_HOW TO COMPLETE THIS TASK_
Your output should be everything below from the line containing "Oil Rubbed Bronze US10B)" down to the line containing "FIRST TIME FRESHMAN ENTERING FALL 2009 - SUMMER", both ends included, copied exactly, with pictures left out.

_DATA FOR ANALYSIS_
•••••

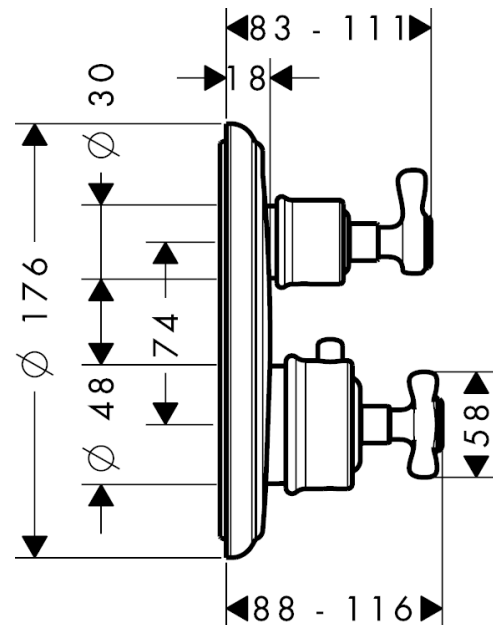

AXOR Montreux

Thermostat for concealed installation with cross handle and shut-off valve

Surfaces: **Chrome** Article Number: **16800000**

Description

product features

- 1 outlet
- flow rate at 3 bar: 26 l/min
- thermostat cartridge, ceramic valves 90°
- min. operating pressure: 1 bar
- max. operating pressure: 10 bar
- safety lock at 40° C
- temperature limitation adjustable
- non-return valve
- with silencer
- connection type: basic set

Product image

Scale drawing

Flowchart
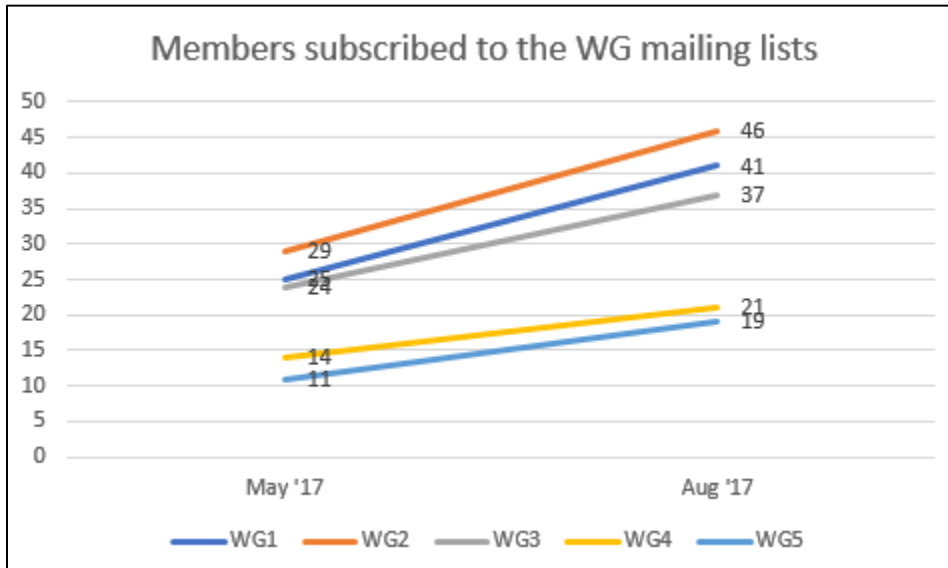

Statistics on enetCollect members

In enetCollect two main communication channels are used to exchange information and actively build the network: the **enetCollect-all mailing list**, the **WG mailing lists**, and the **ILIAS intranet**.

The enetCollect Action was started on 07/03/2017.

EnetCollect member statistics by end of August 2017

Statistics related to member characteristics are based on the users registered on the ILIAS intranet.
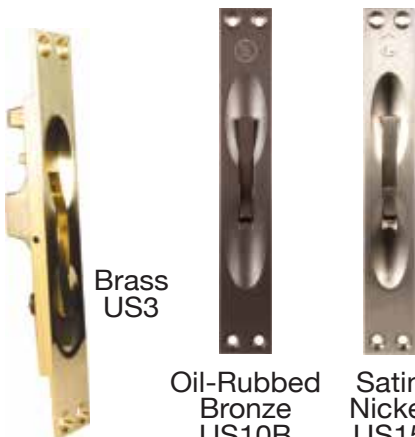

## Jambs & Astragals

Primed Finger-Joint Double  
Rabbet Jamb (4-9/16")

Primed Finger-Joint  
Combo Jamb (4-9/16", 6-9/16" & 7-1/4")

Primed Finger-Joint Astragal

Hemlock Double Rabbet  
Jamb (4-9/16")

Hemlock Combo Jamb  
(4-9/16" - 7-1/4")

Hemlock Astragal

(VG Fir and Knotty Alder jambs are special order and available with extended leadtime.)

## Flush Bolts

6" Flush Bolts  
(Standard on 6-8 & 7-0 Doors)

Satin Nickel US15  
(Also Available in Brass US3 &  
Oil Rubbed Bronze US10B)

12" Flush Bolts  
(Standard on 8-0 Doors)

Brass  
US3

Oil-Rubbed  
Bronze  
US10B
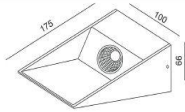

Surface-mounted wall luminaires

649Q11

◇ CE IP54

AVERAGE BEAM ANGLE(50%):37.6 DEG
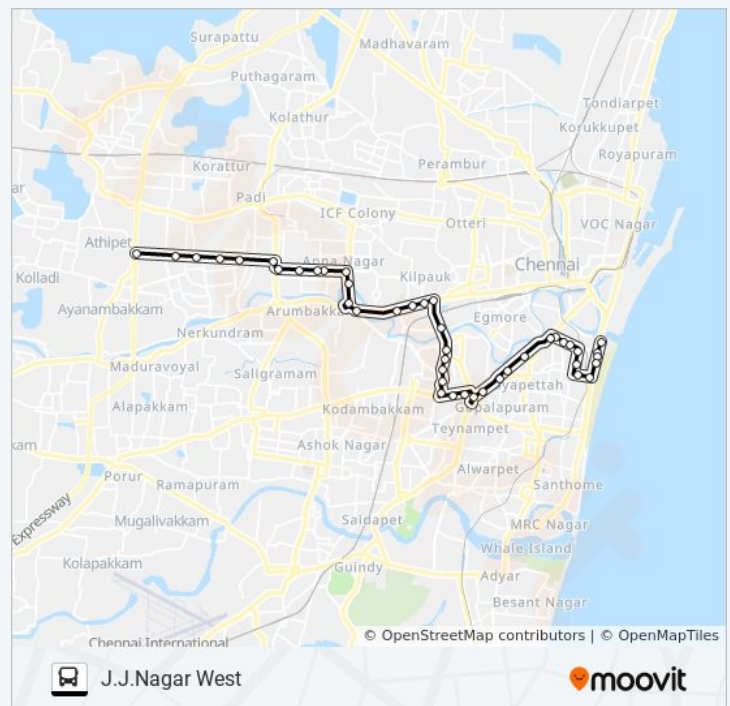

Monday	5:33 AM - 9:25 PM
Tuesday	5:33 AM - 9:25 PM
Wednesday	5:33 AM - 9:25 PM
Thursday	5:33 AM - 9:25 PM
Friday	5:33 AM - 9:25 PM
Saturday	5:33 AM - 9:25 PM

40L bus Info

Direction: J.J.Nagar West

Stops: 43

Trip Duration: 48 min

Line Summary:

Blue Star

Anna Nagar Tower

12th Main Road

Thirumangalam

Thirumangalam Junction

Collector Nagar
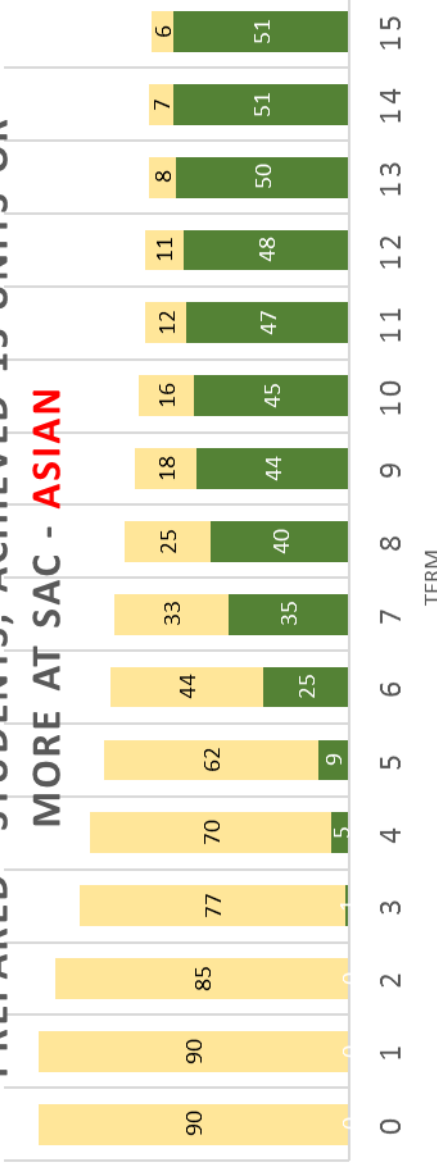

FIRST TIME FRESHMAN ENTERING FALL 2009 - SUMMER 2010

"PREPARED" STUDENTS, ACHIEVED 15 UNITS OR MORE AT SAC

53% have earned a degree or certificate by the 15th term.

42% were gone without a degree or certificate.

Mean time to certificate = 4 years (8 terms)

Mean time to degree = 3.6 years (7.2 terms)

* Prepared students = Students that enter SAC at college level in English and Math

FIRST TIME FRESHMAN ENTERING FALL 2009 -

SUMMER 2010

"PREPARED" STUDENTS, ACHIEVED 15 UNITS OR MORE AT SAC - **HISPANIC**

Earned degree or certificate by 7th term: **29%**

FIRST TIME FRESHMAN ENTERING FALL 2009 -

SUMMER 2010

"PREPARED" STUDENTS, ACHIEVED 15 UNITS OR MORE AT SAC - **ASIAN**

Earned degree or certificate by 7th term: **39%**

FIRST TIME FRESHMAN ENTERING FALL 2009 -

SUMMER 2010

"PREPARED" STUDENTS, ACHIEVED 15 UNITS OR MORE AT SAC - **WHITE**

Earned degree or certificate by 7th term: **32%**
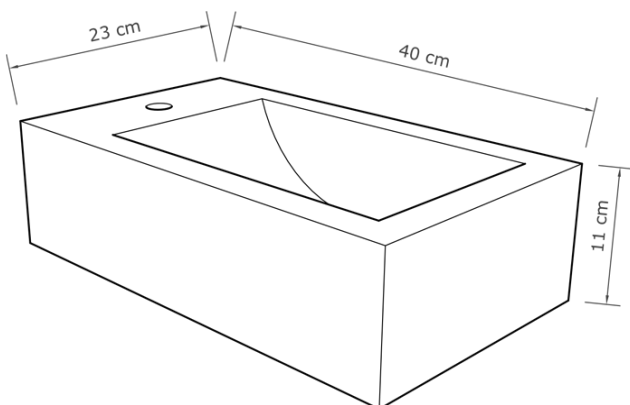

Tap diameter

30 mm

Wall mount suitable

Yes - brackets included

Weight

10 kg

Available finishes

Natural Concrete
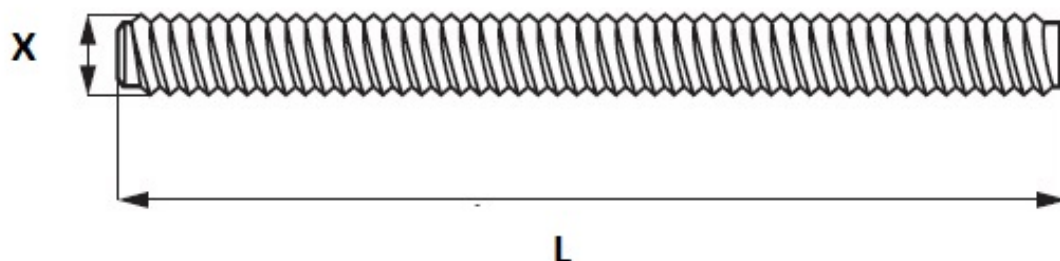

PRODUCT SHEET

Description:

Threaded Bolt M8x40mm, Brass Natural

Item number:

12.08.940-0

Units	Box	Carton	HS Code	Barcode
Pcs.	1	157	7415330000	
				5704866024907

X	L (mm)
M8	40
M8	45

•••••

_RESULT_
Oil Rubbed Bronze US10B)

12" Flush Bolts  
(Standard on 8-0 Doors)

Brass  
US3

Oil-Rubbed  
Bronze  
US10B

Surface-mounted wall luminaires

649Q11

◇ CE IP54

AVERAGE BEAM ANGLE(50%):37.6 DEG

Monday	5:33 AM - 9:25 PM
Tuesday	5:33 AM - 9:25 PM
Wednesday	5:33 AM - 9:25 PM
Thursday	5:33 AM - 9:25 PM
Friday	5:33 AM - 9:25 PM
Saturday	5:33 AM - 9:25 PM

40L bus Info

Direction: J.J.Nagar West

Stops: 43

Trip Duration: 48 min

Line Summary:

Blue Star

Anna Nagar Tower

12th Main Road

Thirumangalam

Thirumangalam Junction

Collector Nagar

FIRST TIME FRESHMAN ENTERING FALL 2009 - SUMMER 2010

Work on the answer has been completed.